Have you every wondered how long you had been driving with the top down on your convertible? Well, even if you haven’t, Mini Cooper gave you a way to find out anyway. The Openometer in Mini Cooper Convertibles tracks how many miles you have driven with the top down. Not a necessity when it comes to driving, but an interesting feature nonetheless.

Automatic Hazard Lights

Hazard lights are incredibly important for drivers. They alert others on the road if you’re driving well below the speed limit or are otherwise stuck on the road. However, it can be easy to forget to turn them on in the first place. Some cars have hazard lights that turn on automatically when they detect damage to the vehicle, such as flat tires or engine problems. You won’t have to worry about pushing the button if it happens immediately. You just have to worry about getting out of the way.

Mercedes’ Drive Pilot

People are aware of Tesla’s autopilot system, but Mercedes has actually been working on one of their own. It’s called Drive Pilot and has already been implemented into some of their vehicles. While the goal is to create fully automatous cars, they aren’t quite all the way their yet. When you have Drive Pilot engaged, make sure to still keep your eyes on the road just in case.

Fob-Controlled Windows

Your car fob, or your keys, are obviously used to unlock your car. But what if you just want to pop open or close a window you for forgot to roll up? A lot of cars actually have something to take care of that. Hold the unlock button on your car fob for five seconds and it should roll up. It’s a feature that isn’t well-advertised, but it even works on some older vehicle models.

Fuel Cap Holder

When you take the cap off of your gas tank you often have no idea what to do with it. Some of them are attached to small cords so you can sort of let them hang, but others are completely unattached after you screw them off. Try looking a little more closely at your car’s fuel door next time you need to refill some gas. As it turns out, a lot of vehicles actually have gas cap holders built in. So, there’s no need to worry about where to place it after all.

Car Handles

This handles are very obvious in cars and everyone knows that they’re there. But do you know why they were put in cars in the first place? They’re not for steadying yourself in the car, they’re actually for handicapped and elderly people. They’re supposed to grip onto them to help them while getting in the car and stay safe while riding.

Smart Parallel-Parking

Parallel parking is one of the most difficult things to do while driving. It’s certainly the most difficult way to park. It’s not even a required part of some driving tests. Fortunately, some cars come with computer assistants to help when parallel parking. They sense the surroundings of the car to ensure you don’t hit anything while backing in.
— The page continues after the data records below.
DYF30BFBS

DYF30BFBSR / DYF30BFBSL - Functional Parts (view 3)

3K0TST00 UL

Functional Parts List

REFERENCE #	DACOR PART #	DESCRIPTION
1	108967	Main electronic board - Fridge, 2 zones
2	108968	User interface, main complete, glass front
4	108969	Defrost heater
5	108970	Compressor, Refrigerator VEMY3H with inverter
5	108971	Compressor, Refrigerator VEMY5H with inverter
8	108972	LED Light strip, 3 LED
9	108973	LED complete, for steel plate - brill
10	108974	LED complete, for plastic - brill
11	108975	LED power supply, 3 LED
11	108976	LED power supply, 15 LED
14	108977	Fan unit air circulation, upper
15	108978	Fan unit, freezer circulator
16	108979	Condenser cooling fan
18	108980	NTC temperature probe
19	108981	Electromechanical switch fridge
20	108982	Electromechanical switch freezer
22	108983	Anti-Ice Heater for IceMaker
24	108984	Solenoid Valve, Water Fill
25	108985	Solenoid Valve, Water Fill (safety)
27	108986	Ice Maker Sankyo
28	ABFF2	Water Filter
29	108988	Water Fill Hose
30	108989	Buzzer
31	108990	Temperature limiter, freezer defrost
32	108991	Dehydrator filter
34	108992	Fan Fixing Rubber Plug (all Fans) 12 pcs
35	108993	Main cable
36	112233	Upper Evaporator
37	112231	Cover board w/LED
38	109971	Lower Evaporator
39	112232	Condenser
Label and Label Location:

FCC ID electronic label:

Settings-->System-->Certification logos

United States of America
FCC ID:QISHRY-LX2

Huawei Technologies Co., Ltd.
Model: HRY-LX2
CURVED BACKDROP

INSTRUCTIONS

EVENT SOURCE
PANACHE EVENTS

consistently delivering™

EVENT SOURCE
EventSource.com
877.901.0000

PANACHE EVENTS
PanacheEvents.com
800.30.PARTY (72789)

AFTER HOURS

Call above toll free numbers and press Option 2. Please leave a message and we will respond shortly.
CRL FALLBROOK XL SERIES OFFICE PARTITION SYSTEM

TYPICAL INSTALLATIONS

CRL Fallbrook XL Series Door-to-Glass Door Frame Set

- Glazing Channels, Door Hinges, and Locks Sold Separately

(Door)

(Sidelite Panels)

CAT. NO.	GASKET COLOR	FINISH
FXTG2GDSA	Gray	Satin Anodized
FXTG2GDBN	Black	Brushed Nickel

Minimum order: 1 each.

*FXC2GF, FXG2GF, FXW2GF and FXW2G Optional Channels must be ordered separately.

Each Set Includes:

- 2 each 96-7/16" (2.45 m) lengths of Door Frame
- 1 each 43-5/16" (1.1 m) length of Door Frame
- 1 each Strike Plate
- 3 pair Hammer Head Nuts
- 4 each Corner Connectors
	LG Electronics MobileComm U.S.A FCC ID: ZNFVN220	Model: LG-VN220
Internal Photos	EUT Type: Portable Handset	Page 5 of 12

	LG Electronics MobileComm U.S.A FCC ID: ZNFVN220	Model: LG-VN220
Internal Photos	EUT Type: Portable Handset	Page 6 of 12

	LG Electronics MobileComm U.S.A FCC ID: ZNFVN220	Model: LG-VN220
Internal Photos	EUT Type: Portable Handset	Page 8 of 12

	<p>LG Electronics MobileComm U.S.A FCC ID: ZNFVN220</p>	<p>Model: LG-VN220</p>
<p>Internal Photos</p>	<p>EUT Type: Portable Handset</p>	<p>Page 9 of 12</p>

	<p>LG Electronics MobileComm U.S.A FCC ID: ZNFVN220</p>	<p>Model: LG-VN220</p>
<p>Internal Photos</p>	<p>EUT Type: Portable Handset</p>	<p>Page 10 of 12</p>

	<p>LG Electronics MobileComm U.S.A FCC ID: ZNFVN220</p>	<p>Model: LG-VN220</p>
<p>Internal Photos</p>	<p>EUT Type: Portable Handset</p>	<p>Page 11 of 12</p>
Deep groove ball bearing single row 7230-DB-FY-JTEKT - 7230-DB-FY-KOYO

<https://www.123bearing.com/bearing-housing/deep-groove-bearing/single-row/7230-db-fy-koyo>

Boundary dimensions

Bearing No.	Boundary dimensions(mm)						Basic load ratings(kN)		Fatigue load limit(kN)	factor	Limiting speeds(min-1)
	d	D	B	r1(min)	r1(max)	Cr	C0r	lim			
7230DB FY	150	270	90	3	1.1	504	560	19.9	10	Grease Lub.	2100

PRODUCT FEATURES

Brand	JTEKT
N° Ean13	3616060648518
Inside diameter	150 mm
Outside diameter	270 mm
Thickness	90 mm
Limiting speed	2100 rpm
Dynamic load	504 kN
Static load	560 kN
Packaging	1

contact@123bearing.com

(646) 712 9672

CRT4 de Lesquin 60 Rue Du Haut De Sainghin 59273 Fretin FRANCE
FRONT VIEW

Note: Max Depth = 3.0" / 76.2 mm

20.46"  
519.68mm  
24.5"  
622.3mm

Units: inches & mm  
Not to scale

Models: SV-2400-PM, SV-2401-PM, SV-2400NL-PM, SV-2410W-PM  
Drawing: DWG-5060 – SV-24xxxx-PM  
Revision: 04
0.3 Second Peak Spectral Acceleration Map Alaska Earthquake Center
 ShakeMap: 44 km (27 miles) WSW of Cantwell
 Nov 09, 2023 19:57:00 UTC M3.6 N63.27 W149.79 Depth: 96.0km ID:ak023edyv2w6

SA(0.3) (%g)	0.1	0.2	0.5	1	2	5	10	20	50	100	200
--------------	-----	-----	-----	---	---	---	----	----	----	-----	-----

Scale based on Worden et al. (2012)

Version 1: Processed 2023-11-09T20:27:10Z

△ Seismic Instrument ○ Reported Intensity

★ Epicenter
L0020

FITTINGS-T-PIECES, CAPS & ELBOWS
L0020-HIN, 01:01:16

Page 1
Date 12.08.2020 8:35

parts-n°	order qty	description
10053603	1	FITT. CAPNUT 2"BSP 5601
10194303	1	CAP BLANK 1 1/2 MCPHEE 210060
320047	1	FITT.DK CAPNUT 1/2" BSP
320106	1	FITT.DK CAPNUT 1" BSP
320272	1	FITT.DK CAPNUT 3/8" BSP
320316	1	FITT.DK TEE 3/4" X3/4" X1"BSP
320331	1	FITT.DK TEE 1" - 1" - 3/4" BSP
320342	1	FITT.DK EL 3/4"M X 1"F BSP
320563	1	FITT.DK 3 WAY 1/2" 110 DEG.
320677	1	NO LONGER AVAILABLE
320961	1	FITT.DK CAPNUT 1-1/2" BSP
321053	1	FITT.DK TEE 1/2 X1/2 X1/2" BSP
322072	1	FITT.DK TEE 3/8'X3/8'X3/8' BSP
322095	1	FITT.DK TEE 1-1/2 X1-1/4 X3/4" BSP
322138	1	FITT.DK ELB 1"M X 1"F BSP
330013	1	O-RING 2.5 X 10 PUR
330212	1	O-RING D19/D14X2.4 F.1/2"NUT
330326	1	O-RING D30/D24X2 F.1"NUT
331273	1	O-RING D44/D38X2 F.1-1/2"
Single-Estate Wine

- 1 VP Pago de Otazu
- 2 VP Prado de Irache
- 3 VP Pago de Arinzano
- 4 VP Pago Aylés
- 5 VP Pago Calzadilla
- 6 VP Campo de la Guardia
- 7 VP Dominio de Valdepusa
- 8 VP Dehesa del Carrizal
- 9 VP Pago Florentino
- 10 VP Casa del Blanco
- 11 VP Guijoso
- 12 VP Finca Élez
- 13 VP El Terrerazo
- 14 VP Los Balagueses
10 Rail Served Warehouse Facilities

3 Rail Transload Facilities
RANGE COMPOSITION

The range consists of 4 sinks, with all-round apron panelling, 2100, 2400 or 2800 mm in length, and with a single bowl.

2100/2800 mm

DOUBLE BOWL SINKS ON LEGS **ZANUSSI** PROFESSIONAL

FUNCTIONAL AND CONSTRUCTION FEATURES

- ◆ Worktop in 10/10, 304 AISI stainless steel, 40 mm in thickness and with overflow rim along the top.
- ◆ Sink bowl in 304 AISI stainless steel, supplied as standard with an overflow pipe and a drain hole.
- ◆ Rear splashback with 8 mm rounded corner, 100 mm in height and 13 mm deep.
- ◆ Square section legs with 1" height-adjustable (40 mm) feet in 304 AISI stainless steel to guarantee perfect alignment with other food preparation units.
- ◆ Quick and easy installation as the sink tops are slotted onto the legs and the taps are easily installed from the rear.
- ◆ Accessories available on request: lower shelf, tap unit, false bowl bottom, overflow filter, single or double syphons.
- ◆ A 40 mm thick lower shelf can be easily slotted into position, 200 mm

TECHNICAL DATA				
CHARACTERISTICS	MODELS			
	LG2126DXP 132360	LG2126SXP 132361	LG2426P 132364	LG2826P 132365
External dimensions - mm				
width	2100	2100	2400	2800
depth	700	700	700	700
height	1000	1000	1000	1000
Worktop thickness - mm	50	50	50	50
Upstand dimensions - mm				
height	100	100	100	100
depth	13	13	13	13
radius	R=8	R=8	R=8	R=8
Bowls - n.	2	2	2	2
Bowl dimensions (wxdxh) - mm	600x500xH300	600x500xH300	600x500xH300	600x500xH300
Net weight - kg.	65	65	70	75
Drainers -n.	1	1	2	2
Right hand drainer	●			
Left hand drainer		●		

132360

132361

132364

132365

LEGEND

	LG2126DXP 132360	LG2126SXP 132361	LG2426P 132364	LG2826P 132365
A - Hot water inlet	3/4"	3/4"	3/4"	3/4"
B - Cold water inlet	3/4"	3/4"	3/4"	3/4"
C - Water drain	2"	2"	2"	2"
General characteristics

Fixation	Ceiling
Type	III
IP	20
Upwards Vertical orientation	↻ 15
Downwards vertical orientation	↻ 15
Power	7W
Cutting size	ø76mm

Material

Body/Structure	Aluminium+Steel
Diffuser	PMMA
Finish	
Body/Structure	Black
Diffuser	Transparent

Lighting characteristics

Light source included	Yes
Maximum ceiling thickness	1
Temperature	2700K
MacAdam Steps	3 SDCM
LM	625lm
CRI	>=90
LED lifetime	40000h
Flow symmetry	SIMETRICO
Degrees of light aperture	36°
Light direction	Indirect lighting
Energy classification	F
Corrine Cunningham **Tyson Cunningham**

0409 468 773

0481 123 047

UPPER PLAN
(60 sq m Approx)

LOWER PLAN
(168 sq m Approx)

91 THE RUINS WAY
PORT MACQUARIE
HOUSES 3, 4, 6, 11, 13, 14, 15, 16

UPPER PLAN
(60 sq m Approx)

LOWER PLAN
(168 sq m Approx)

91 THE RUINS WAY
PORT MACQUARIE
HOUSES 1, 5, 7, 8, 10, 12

And that lets you park with much less difficulty than normal.

Tire Pressure Indicator

Ever seen this exclamation point inside of a U-shaped symbol? Well, if you haven’t before, and you’re not a car junkie, you probably don’t know what it means. But if you have seen it before, that means you’ve had low tire pressure. When this indicator comes up, it’d be in your best interest to get more air in your tires as soon as possible.